Task brief:
Word for word, restate each of the entries below, and drop every picture.

[Entries taken from a collection]
-------

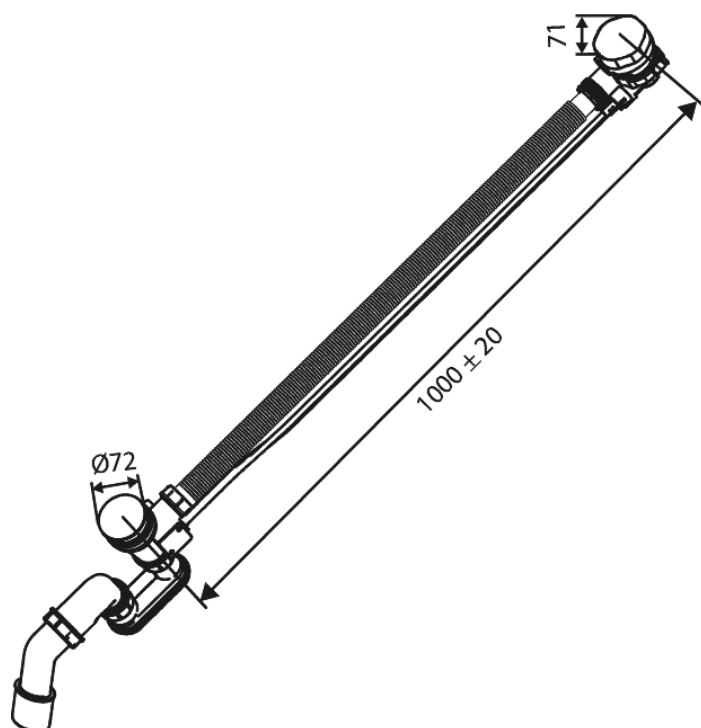

Armatura podtynkowa

Syfon wannowy z przelewem, automatyczny

Kod: 238804600
Wykończenie: Stal PVD
Seria: Armatura podtynkowa

EAN: 5708516841739

Opis produktu:

Przepływ wody max. 47 l/min

FM Mattsson Denmark ApS
Hvidkærvej 48, 5250 Odense SV
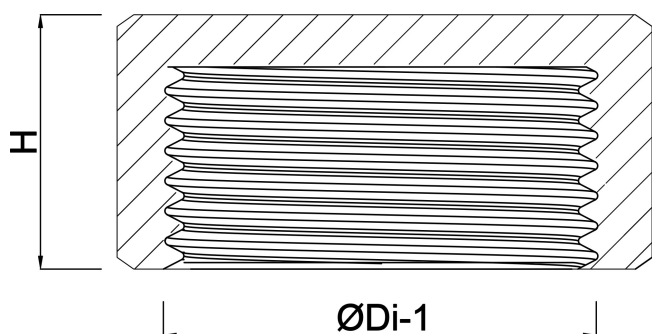

**Profec Slutmuffe PVC-U 1"
indvendig gevind 10bar grå
type glat (0110577)**

TEKNISKE SPECIFIKATIONER

Farve grå

Type glat

Materiale PVC-U

Pakningsmateriale EPDM

Tilslutning indvendig gevind

Tryk 10 bar

Størrelse 1"

DIMENSIONER

H 19.5 mm

ØDi-1 1"

PRODUKTINFORMATION

Med flad gummipakning

Genereret den: 20-02-2026

Bevo Nordic A/S
Pakhusgården 54
5000 Odense C
Danmark
+45 66 19 25 45
info@bevo.dk
<http://www.bevo.com>
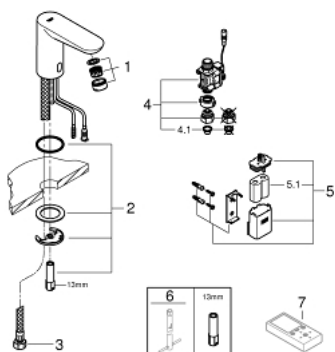

36 271 000 ИНФРАКРАСНАЯ ЭЛЕКТРОНИКА ДЛЯ РАКОВИНЫ БЕЗ СМЕШИВАНИЯ

ОПИСАНИЕ ПРОДУКТА

- с инфракрасным датчиком для двусторонней связи для мониторинга, настройки и сервисного обслуживания
- для холодной или смешанной воды
- 6V литиевая батарейка, тип CR-P2
- Срок службы батарейки: прил. 7 лет (150 включений в день)
- **GROHE EcoJoy** - 5,7 л/мин
- гибкая подводка
- грязеулавливающие фильтры
- внешний электромагнитный клапан
- внешняя батарея
- система быстрого монтажа
- многоступенчатый указатель состояния батарейки
- 7 предустановленных режимов:
 - автоматический смыв
 - термическая дезинфекция
 - моющий режим
- дополнительные функции и точные настройки с помощью пульта дистанционного управления 36 407
- Одобрено в CE
- класс шума I по DIN 4109
- тип защиты смесителя IP 59K

36 271 000 ИНФРАКРАСНАЯ ЭЛЕКТРОНИКА ДЛЯ РАКОВИНЫ БЕЗ СМЕШИВАНИЯ

ЗАПАСНЫЕ ЧАСТИ

- 1: Аэратор (Order-nr. 48159000)
- 2: Обратное резьбовое соединение (Order-nr. 42389000)
- 3: Гибкий шланг высокого давления (Order-nr. 46255000)
- 4: Магнитный вентиль (Order-nr. 42390000)
- 4.1: Фильтр (Order-nr. 42395000)
- 5: Батарейка (Order-nr. 42393000)
- 5.1: Батарейка для Tectron (Order-nr. 42886000)
- 6: Монтажный ключ (Order-nr. 19017000)*
- 7: Пульт упр.д.инф.э.и Grohe Blue Home/Red (Order-nr. 36407001)*

-------

Solution to this task:
Armatura podtynkowa

Syfon wannowy z przelewem, automatyczny

Kod: 238804600
Wykończenie: Stal PVD
Seria: Armatura podtynkowa

EAN: 5708516841739

Opis produktu:

Przepływ wody max. 47 l/min

FM Mattsson Denmark ApS
Hvidkærvej 48, 5250 Odense SV

**Profec Slutmuffe PVC-U 1"
indvendig gevind 10bar grå
type glat (0110577)**

TEKNISKE SPECIFIKATIONER

Farve grå

Type glat

Materiale PVC-U

Pakningsmateriale EPDM

Tilslutning indvendig gevind

Tryk 10 bar

Størrelse 1"

DIMENSIONER

H 19.5 mm

ØDi-1 1"

PRODUKTINFORMATION

Med flad gummipakning

Genereret den: 20-02-2026

Bevo Nordic A/S
Pakhusgården 54
5000 Odense C
Danmark
+45 66 19 25 45
info@bevo.dk
<http://www.bevo.com>

36 271 000 ИНФРАКРАСНАЯ ЭЛЕКТРОНИКА ДЛЯ РАКОВИНЫ БЕЗ СМЕШИВАНИЯ

ОПИСАНИЕ ПРОДУКТА

- с инфракрасным датчиком для двусторонней связи для мониторинга, настройки и сервисного обслуживания
- для холодной или смешанной воды
- 6V литиевая батарейка, тип CR-P2
- Срок службы батарейки: прил. 7 лет (150 включений в день)
- **GROHE EcoJoy** - 5,7 л/мин
- гибкая подводка
- грязеулавливающие фильтры
- внешний электромагнитный клапан
- внешняя батарея
- система быстрого монтажа
- многоступенчатый указатель состояния батарейки
- 7 предустановленных режимов:
 - автоматический смыв
 - термическая дезинфекция
 - моющий режим
- дополнительные функции и точные настройки с помощью пульта дистанционного управления 36 407
- Одобрено в CE
- класс шума I по DIN 4109
- тип защиты смесителя IP 59K

36 271 000 ИНФРАКРАСНАЯ ЭЛЕКТРОНИКА ДЛЯ РАКОВИНЫ БЕЗ СМЕШИВАНИЯ

ЗАПАСНЫЕ ЧАСТИ

- 1: Аэратор (Order-nr. 48159000)
- 2: Обратное резьбовое соединение (Order-nr. 42389000)
- 3: Гибкий шланг высокого давления (Order-nr. 46255000)
- 4: Магнитный вентиль (Order-nr. 42390000)
- 4.1: Фильтр (Order-nr. 42395000)
- 5: Батарейка (Order-nr. 42393000)
- 5.1: Батарейка для Tectron (Order-nr. 42886000)
- 6: Монтажный ключ (Order-nr. 19017000)*
- 7: Пульт упр.д.инф.э.и Grohe Blue Home/Red (Order-nr. 36407001)*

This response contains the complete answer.